On July 26, 1975, the automobile in which Mrs. Gecy was riding was struck in the rear by an automobile owned by Mr. Harper and driven by his daughter Carolyn. As a result of the collision Mrs. Gecy sustained personal injuries to her neck and back.
Mrs. Gecy was treated by Dr. H. L. Laffitte of Allendale who told her she had suffered neck and back strain that would clear up with time. Dr. Laffitte referred Mrs. Gecy to Dr. H. Sherman Blalock, an orthopedist, of Augusta, Georgia. Dr. Blalock confirmed Dr. Laffitte’s diagnosis and told Mrs. Gecy that she had no permanent injuries and that the pain in her neck and back would eventually go away.
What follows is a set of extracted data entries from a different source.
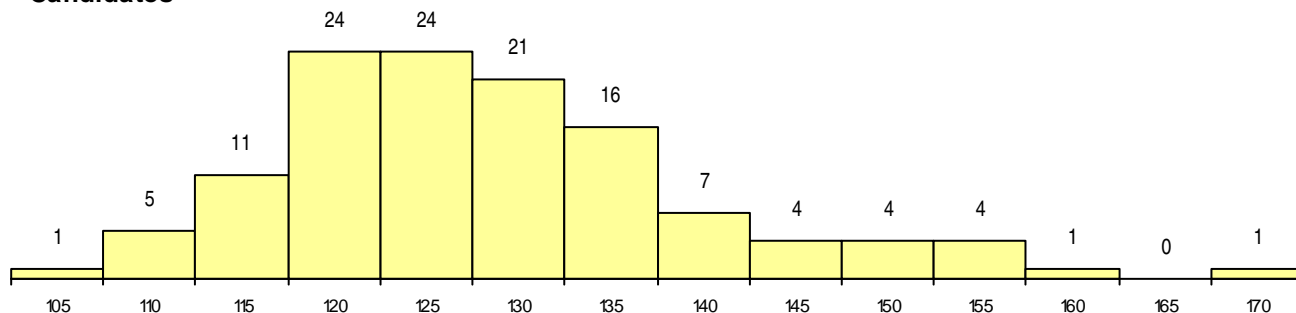

**SEXO DOS CANDIDATOS**

Sexo	Cands. %	Cols. %
Masc.	52 42	0 0
Femin.	71 58	2 100
<b>Total</b>	123	2

**CURSO DO 12º ANO (15 mais frequentes)**

Curso 12º ano	Cands. %	Cols. %
U220 Ens. secundário recorrente (todos	29 24	0 0
R810 Agrupamento 1 / geral	12 10	0 0
R831 Agrupamento 3 / administração	11 9	0 0
R830 Agrupamento 3 / geral	7 6	0 0
N980 Recorrente - Administração	6 5	0 0
E003 3.º curso	5 4	0 0
R840 Agrupamento 4 / geral	5 4	0 0
P412 Técnico de contabilidade	4 3	1 50
P722 Técnico administrativo	4 3	1 50
P433 Técnico de gestão	4 3	0 0
R813 Agrupamento 1 / informática	3 2	0 0
N085 Administração	3 2	0 0
P557 Técnico de seguros	2 2	0 0
R820 Agrupamento 2 / geral	2 2	0 0
N061 Ciências Socioeconómicas	2 2	0 0

**MÉDIAS dos Colocados**

Nota de candidatura	155.7
Prova de ingresso	130.0
Média do 12º ano	169.5
Média do 10º/11º ano	169.5

**DISTRIBUIÇÕES DE NOTAS DE CANDIDATURA**

**Candidatos**

**Colocados**

Mrs. Gecy, acting through her attorney Doyet A. Early, III, negotiated a settlement with Prudential, the Harpers’ insurer. The settlement was negotiated by letter and by telephone. Prudential did not require an independent medical examination but was furnished with copies of Mrs. Gecy’s medical reports. Prudential mailed Mrs. Gecy a release which she and her husband Robert Gecy executed on January 24, 1976. Prudential paid Mr. and Mrs. Gecy twenty-five hundred ($2,500.00) dollars in settlement of their claims against the Harpers. The release reads in part as follows:
RELEASE OF ALL CLAIMS
Know all men by these presents, that the Undersigned does hereby acknowledge receipt of two thousand five hundred dollars $2,500.00 which sum is accepted in full compromise settlement of, and as sole consideration for the final release and discharge of all actions, claims' and demands whatsoever, that now exist or may hereafter accrue, against Lamar Harper.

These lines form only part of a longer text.